Thyrotoxic crisis (Thyroid Storm)
- Thyroid storm or thyrotoxic crisis is a rare but life-threatening complication of thyrotoxicosis.
- The most prominent signs of thyroid storm include:
- Fever
- Agitation
- Delirium
- Tachycardia or atrial fibrillation
- Cardiac failure (more common in older patients)
- Thyrotoxic crisis is a medical emergency and has a mortality rate of 10% despite early recognition and treatment.
- The most common precipitating factor for thyrotoxic crisis is infection in a patient with previously unrecognized or inadequately treated thyrotoxicosis.
- It may also develop in known thyrotoxicosis shortly after thyroidectomy in an ill-prepared patient or within a few days of ^131I therapy, when acute radiation damage may lead to a transient rise in serum thyroid hormone levels.
- Urgent specialist endocrine input should be sought in cases of suspected 'thyroid storm' to confirm the diagnosis and provide advice on appropriate treatment.
- Initial treatment for thyroid storm includes:
- Rehydration
- Administration of propranolol (either orally at 80 mg 4 times daily or intravenously at 1–5 mg 4 times daily)
- Glucocorticoids (hydrocortisone 100 mg IV every 8 hours) and iodine to reduce the conversion of T4 to active T3.

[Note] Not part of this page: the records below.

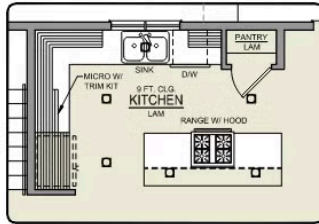

V - FARMHOUSE

- 9 Foot Ceilings throughout Main Level
- Great Room with Fireplace
- Kitchen Island with Sink
- Kitchen Pantry
- Upstairs Bonus Room / Loft

- Great Room with Gas Fireplace
- Primary Suite with Walk-in Closet
- Quartz Countertops throughout Home
- Stainless Steel Appliances

Premier Collection

Miranda Premier

McClannahan Summit

 4 Bedrooms

 3 Bathrooms

 2,517 Sq. Ft.

 2 Car Garage

Miranda 2-Car

2,517 Sq. Ft.

4 Bedroom, 3 Bath

MAIN FLOOR

Miranda Premier

McClannahan Summit

 4 Bedrooms

 3 Bathrooms

 2,517 Sq. Ft.

- Sodium ipodate, a radiographic contrast medium (500 mg per day orally), can restore serum T3 levels to normal in 48–72 hours.
- If sodium ipodate is not available, potassium iodide or Lugol's solution are reasonable alternatives.
- Oral propylthiouracil (PTU) (200 mg every 4 hours) should be given to inhibit the synthesis of new thyroid hormone.
- PTU is preferred to carbimazole (20 mg every 6 hours) as it also inhibits the conversion of T4 to T3.
- If the patient is unconscious or uncooperative, PTU and propranolol can be administered by nasogastric tube.
- After 10–14 days, the patient can usually be maintained on carbimazole alone.
Hyperthyroidism in old age
- Thyrotoxicosis in old age commonly due to multinodular goitre.
- Clinical features include:
- Apathy
- Anorexia
- Proximal myopathy
- Atrial fibrillation
- Cardiac failure predominate.
- Non-thyroidal illness: Thyroid function tests are performed more frequently in older patients, but interpretation may be altered by intercurrent illness.